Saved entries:
---

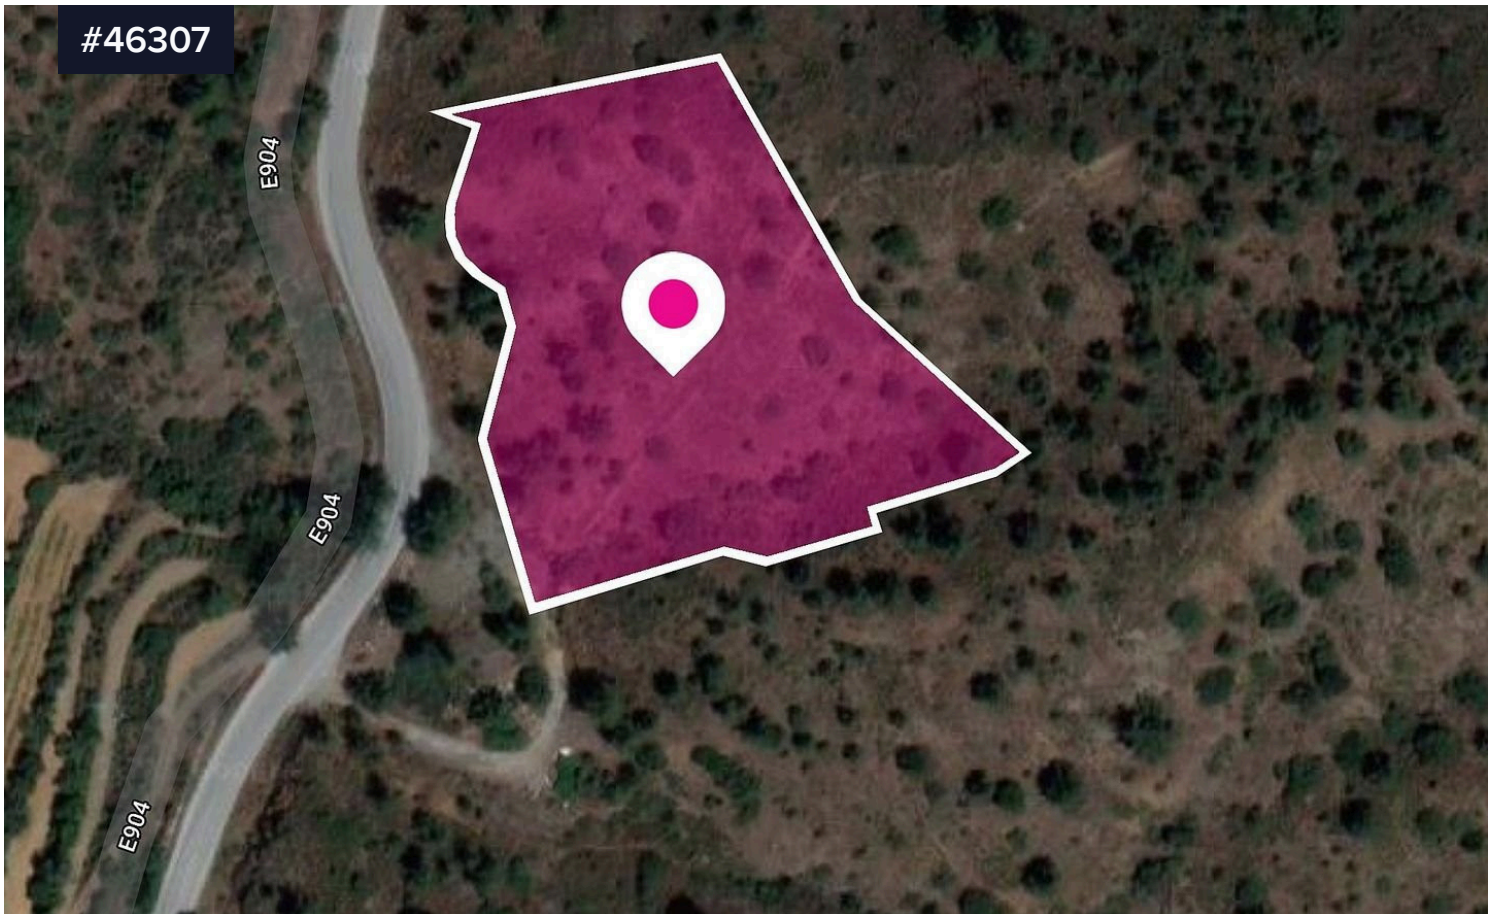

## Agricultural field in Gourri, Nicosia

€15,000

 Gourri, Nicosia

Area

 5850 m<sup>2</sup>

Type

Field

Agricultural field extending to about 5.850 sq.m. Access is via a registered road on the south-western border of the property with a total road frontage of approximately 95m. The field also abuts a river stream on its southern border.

---

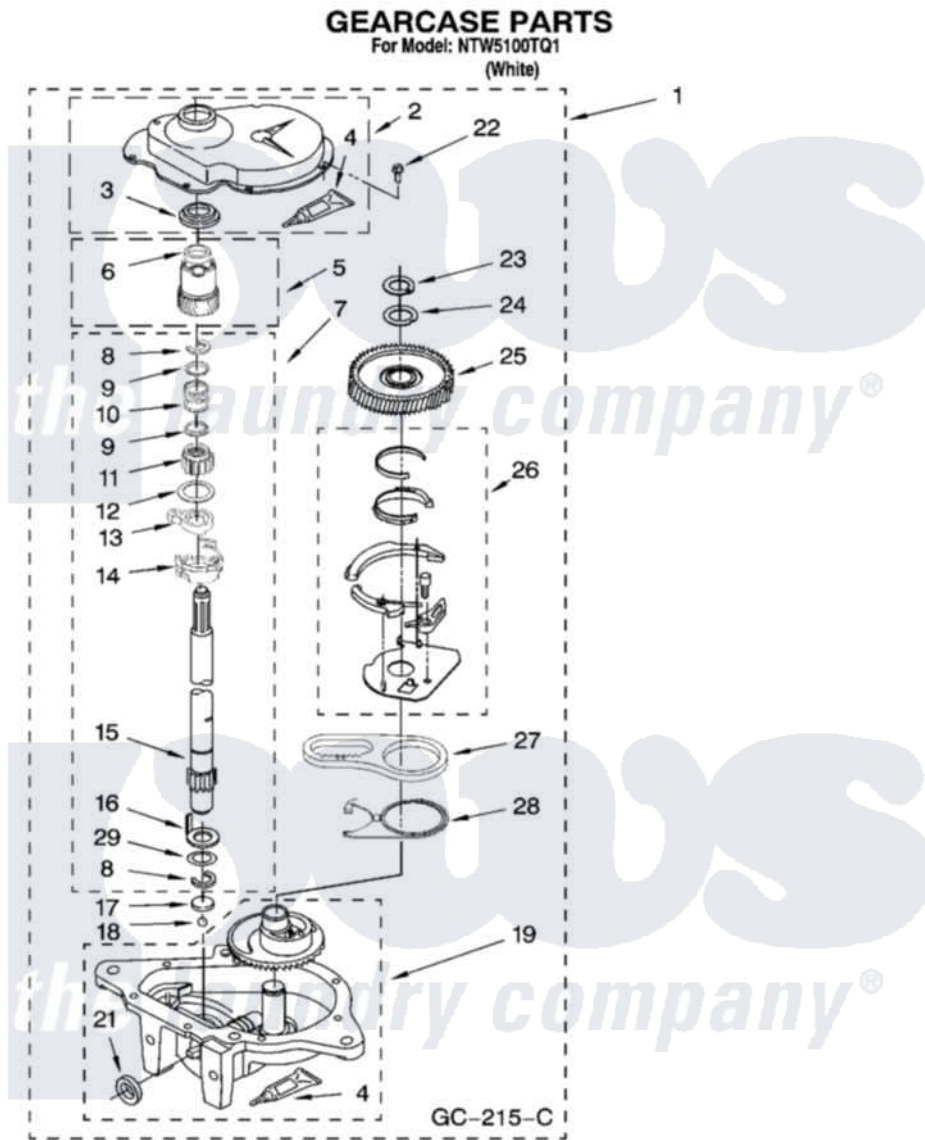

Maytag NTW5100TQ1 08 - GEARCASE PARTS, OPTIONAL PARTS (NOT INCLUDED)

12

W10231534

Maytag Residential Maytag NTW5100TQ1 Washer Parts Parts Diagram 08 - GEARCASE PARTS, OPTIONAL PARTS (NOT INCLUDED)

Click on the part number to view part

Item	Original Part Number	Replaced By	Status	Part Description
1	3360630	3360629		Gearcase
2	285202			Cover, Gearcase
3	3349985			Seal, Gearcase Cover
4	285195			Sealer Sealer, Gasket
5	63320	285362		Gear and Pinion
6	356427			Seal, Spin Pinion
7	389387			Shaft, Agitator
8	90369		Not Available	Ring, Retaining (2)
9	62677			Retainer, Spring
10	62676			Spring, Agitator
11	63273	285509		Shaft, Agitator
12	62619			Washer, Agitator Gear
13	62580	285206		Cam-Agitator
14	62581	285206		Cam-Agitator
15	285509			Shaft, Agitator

---

**HOW TO COMPLETE THIS TASK:** If a line of the data includes the word "Washer", it counts; give how many lines do, as a bare number.

**PROBLEM SOLUTION:** 2